Important: Demonstration Site
This PEUGIC project portal is a mock-up for demonstration purposes. It only contains made-up patient data; you MUST NOT enter real data here.
About
Background
Endoscopy is the main test for diagnosing upper gastrointestinal cancer. This procedure also has the potential to prevent the disease by removing precancerous or early cancerous lesions, and so it is an important tool to help improve cancer outcomes.
Unfortunately, the test is not 100% accurate and cancers can appear within months or years after a endoscopy that is negative for cancer. These cases are termed post-endoscopy upper gastrointestinal cancers (PEUGICs). Around 15,800 patients are diagnosed with upper gastrointestinal cancer each year in the English National Health Service (NHS). 1200 (8%) of these are PEUGICs therefore reducing the incidence of PEUGIC is vital.
Endoscopy services in the NHS are under pressure. Currently, around 1.2 million endoscopies are undertaken each year, but demand is growing substantially and there is concern that the workforce needed to meet this demand is insufficient.
Although major efforts have been made to ensure the NHS delivers high quality endoscopy services through, for example, the Joint Advisory Group on Gastrointestinal Endoscopy (JAG) accreditation scheme, not all providers have been mandated to participate.
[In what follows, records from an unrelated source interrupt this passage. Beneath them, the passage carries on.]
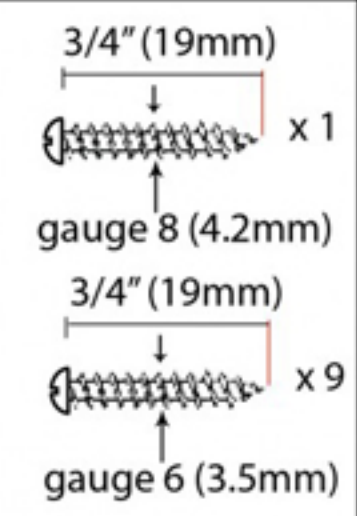

PRODUCT CODE 33970

HANDFORGED
TRADITIONAL
IRONMONGERY

Due to the hand crafted nature of our products all measurements are approximate and should be used as a guide only
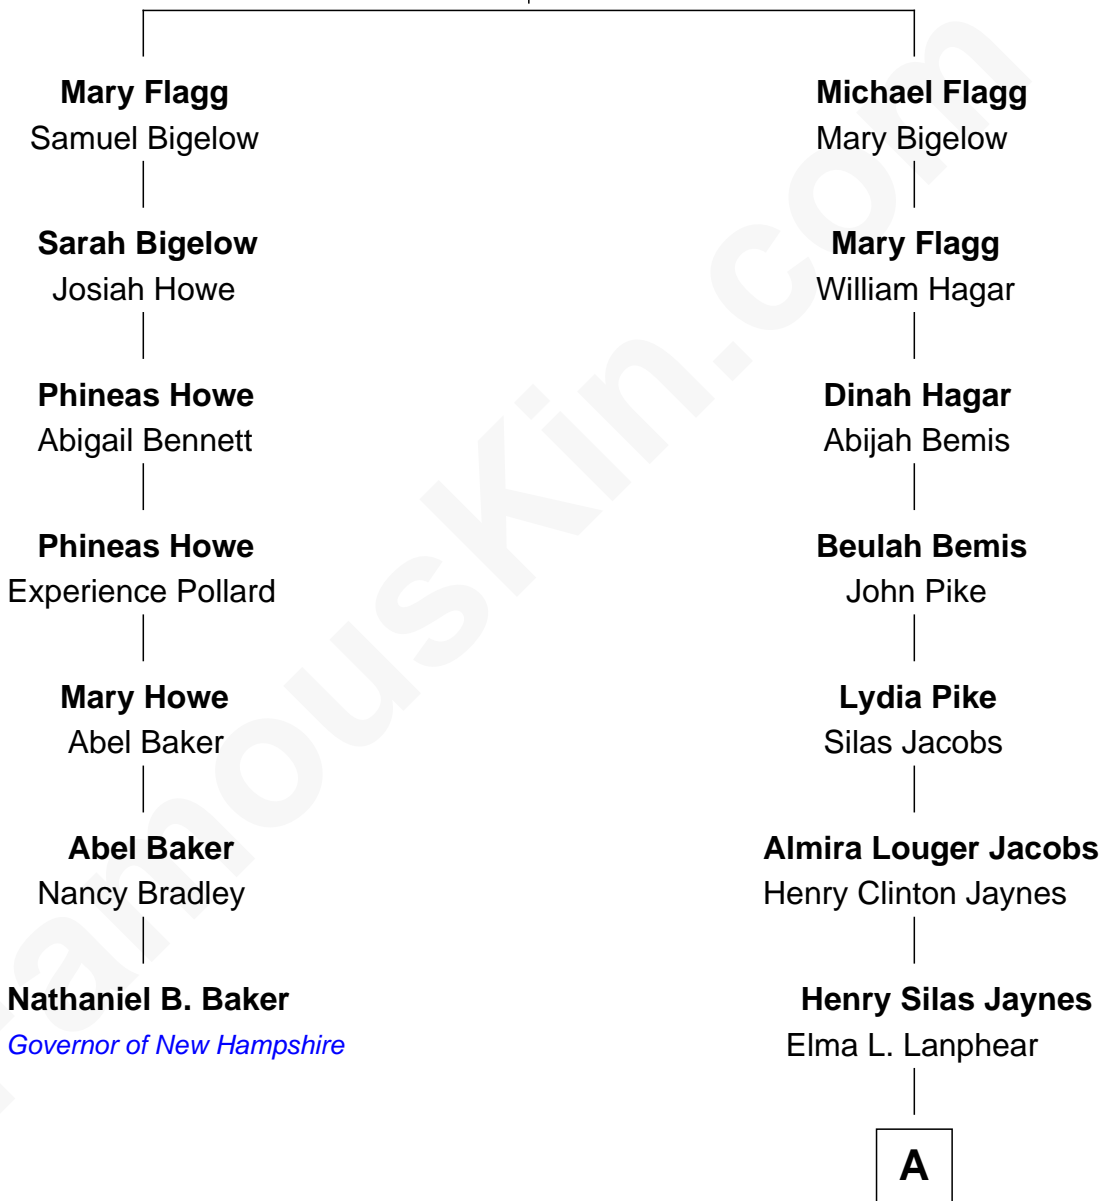

# FamousKin.com Relationship Chart of

**Nathaniel B. Baker**

*24th Governor of New Hampshire*

6th cousin 4 times removed of

**Bridget Fonda**

*Movie Actress*

**Thomas Flagg**

Mary - - - - -

**A**

**Herberta Elma Jaynes**  
William Brace Fonda

**Henry Jaynes Fonda**  
Frances Ford Seymour

**Peter H. Fonda**  
Susan Jane Brewer

**Bridget Fonda**  
*Movie Actress*
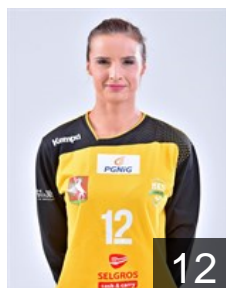

## Bozovic Ivana

Position: Centre Back  
Place of birth: Podgorica  
Date of birth: 28.01.1991  
Height: 178 cm

4

 POL

## Charzynska Edyta

Position: Centre Back  
Place of birth: Plock  
Date of birth: 12.01.1994  
Height: 175 cm

26

 POL

## Drabik Joanna

Position: Line Player  
Place of birth: Wloszczowa  
Date of birth: 28.10.1993  
Height: 180 cm

20

 POL

As a result, there is likely to be variation in the quality of endoscopy services across the country and unless this variation is investigated, it cannot be addressed.
Objectives
The PEUGIC root cause analysis project aims to identify patients with PEUGICs who had an endoscopy three months to three years prior to diagnosis of upper gastrointestinal cancer and to ask the endoscopy unit where the procedure was performed to provide feedback on what happened during the endoscopy. The methodology for contacting endoscopy units will follow the same procedure as used in the Post Colonoscopy Colorectal Cancer (PCCRC) audit – i.e. a list of patients will be displayed in a secure online platform and a questionnaire requested for each case. The process will enable an endoscopy service to address local factors that lead to PEUGICs.
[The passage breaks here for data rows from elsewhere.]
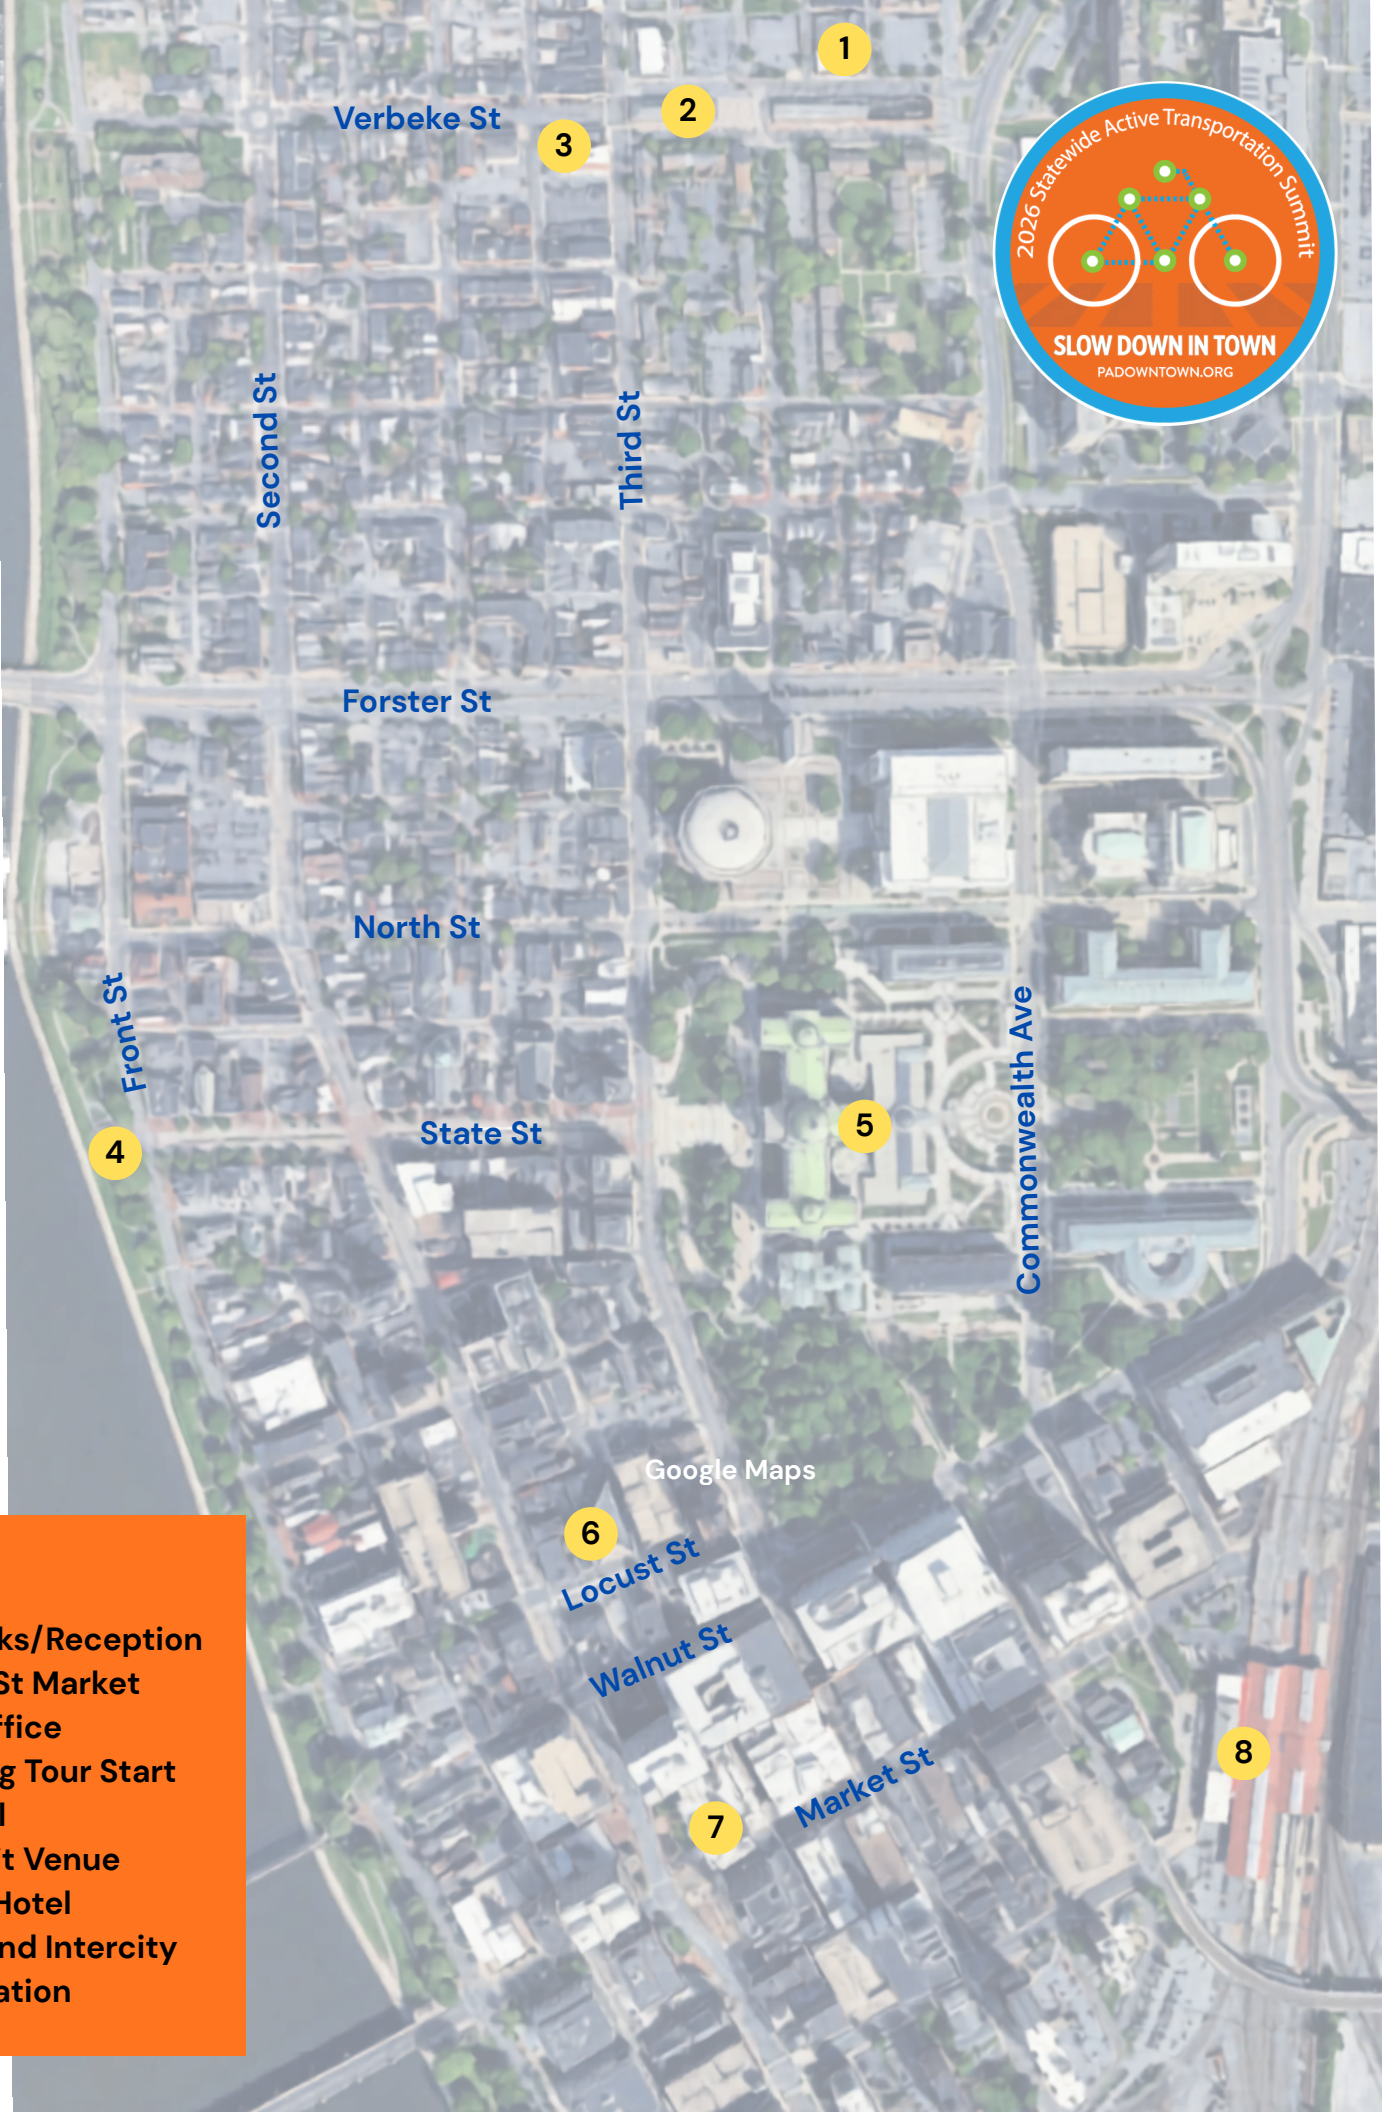

MAP OF HARRISBURG

Downtown & Midtown Neighborhood

NORTH

KEY

- 1- Millworks/Reception
- 2- Broad St Market
- 3- PDC Office
- 4- Walking Tour Start
- 5- Capitol
- 6- Summit Venue
- 7- Hilton Hotel
- 8- Train and Intercity Bus Station

Google Maps

In addition, by gathering this additional information, feeding it back into the National Cancer Registration and Analysis Service (NCRAS) and analysing it we aim to identify risk factors for PEUGIC as well as good practice and produce guidelines and an SOP (standard operating procedure) for endoscopies. Thus, learning from relatively rare events can be shared with NHS providers and ultimately to all endoscopy providers across the world.